The hectic surface of life is full of the people, places and situations that occupy the here-and-now. They reflect back the refrains that circle in our heads. But if we take a moment to step back from fires at work, interpersonal conundrums, political chaos or whatever weather is raging on our cliff top in order to slip down into the peaceful space of our inner canyon, we can gain clearer perspective.

The constant noise of life can make us skittish about silence, but the deepest part of you, ancient and timeless, is your pure essence, the you-ness that would still be you even without your job or family or even your name—the core of your being that carries and supports you. It’s worth a visit.

The levels of rock in a canyon are like the layers of your experience, the storms and earthquakes you lived through, both personal and collective. They can remind us of how we’ve reacted to difficult times in the past, moments when we stayed centered or lost touch with ourselves. We can begin to notice our signature reactions and go-to patterns. Maybe we’ve been operating on autopilot without realizing it.
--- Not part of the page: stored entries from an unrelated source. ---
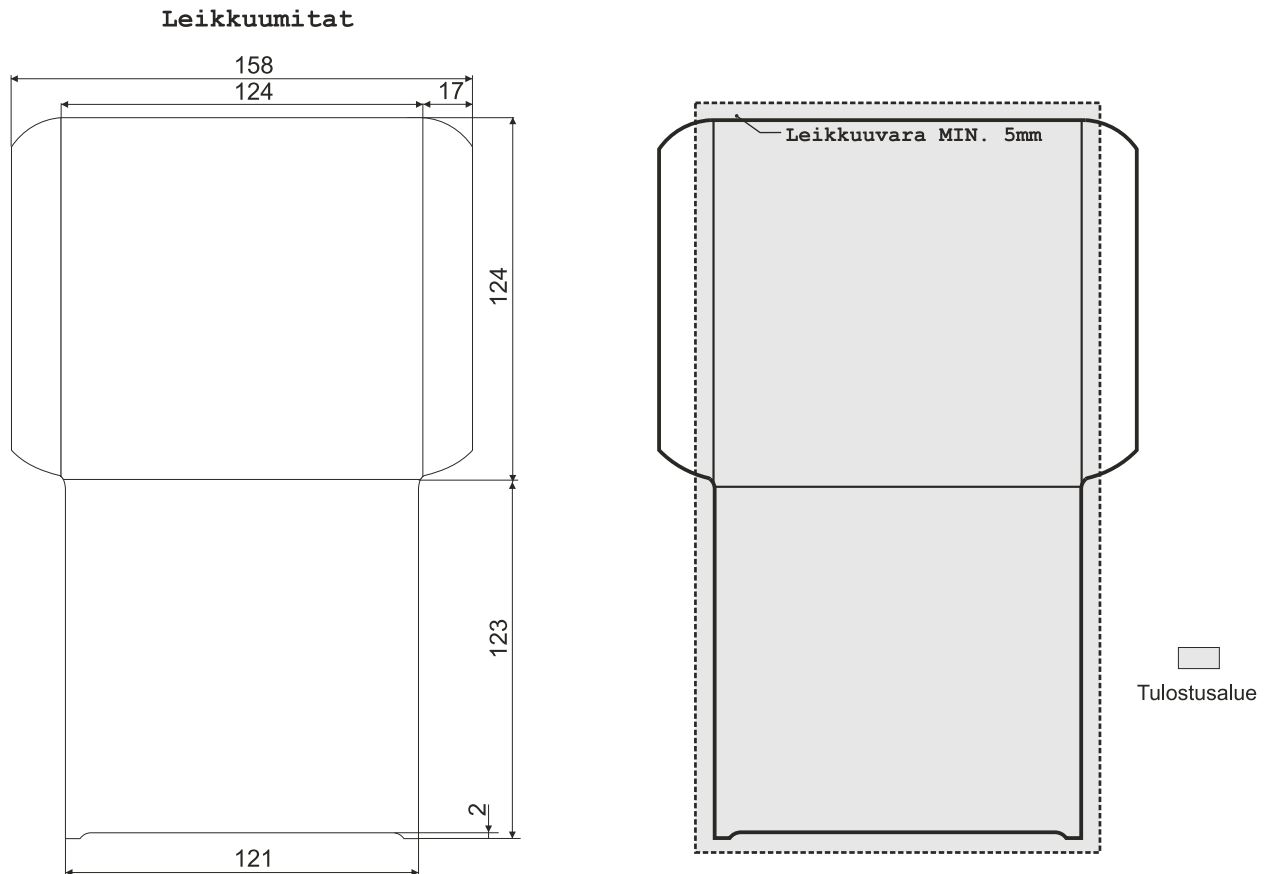

SONIC FACTORY

KARTONKIKOTELO (CARTON WALLET)

KOKO: 124 x 249 mm
(lisäksi leikkuuvara 3 mm)

PAINO: Offsetpainatus 4/0
(standardi CMYK väriskaala, erikoisvärit PANTONE)

PAPERILAATU: 200g standardi kartonki

HUOM! Katso yleiset paino-ohjeet

Even a moment of introspection can help us retake the reins.

CENTERING QUESTIONS IN TIMES OF CHANGE

Alone or with friends, take a few minutes to write your reaction to the following questions, picking and choosing the ones you are drawn to, or better yet, the ones you absolutely do not want to answer. Exploring the question you have the most resistance to may give you the biggest payoff.

  1. DO I TRUST MYSELF AT WORK AND IN LIFE?

IN WHAT SITUATIONS AT HOME OR WORK DO I NOT TRUST MYSELF? WHEN HAVE I ACTED IN A WAY THAT’S NOT TRUE TO MYSELF? DO I BELIEVE MORE IN OUTER OR INNER SECURITY? HAVE I PAID MORE ATTENTION TO THE CARE OF APPEARANCES OR MY DEEPEST INSTINCTS?

  1. CAN I LOOK MY FEAR IN THE EYE? HOW ABOUT MY POWER?

If my anxiety were visible, what would it look like? When does fear take hold of me? In what circumstance do I hand my power over? Does lack of self-trust allow fear to control me? If I could look my own power in the eye, what would I see?

  1. WHICH NETWORKS IN MY LIFE ARE SUPPORTING ME? OR DRAINING ME?

What alliances am I part of at home, at work and socially? Which groups strengthen me? Which are draining? How can I fortify my healthy networks and disentangle from the others?

  1. WHAT EXPERIENCES AM I SEEKING?

If I’ve deliberately chosen to be in my current life circumstances, in this space and time, in my current relationships, job and society, what am I here to experience? How can this changing time enable me to become my truest self?

  1. WHAT GIFTS DO I BRING?

What is my highest inner priority, my driving force? How can I strengthen it? What gifts, talents and tools can I offer to changing situations in my job, relationships or society? How can my contribution make me more myself?

After exploring these ideas alone or with friends, the storms on the surface of your life may still rage, but your inner weather may be calmer, clearer, and renewed with self-trust.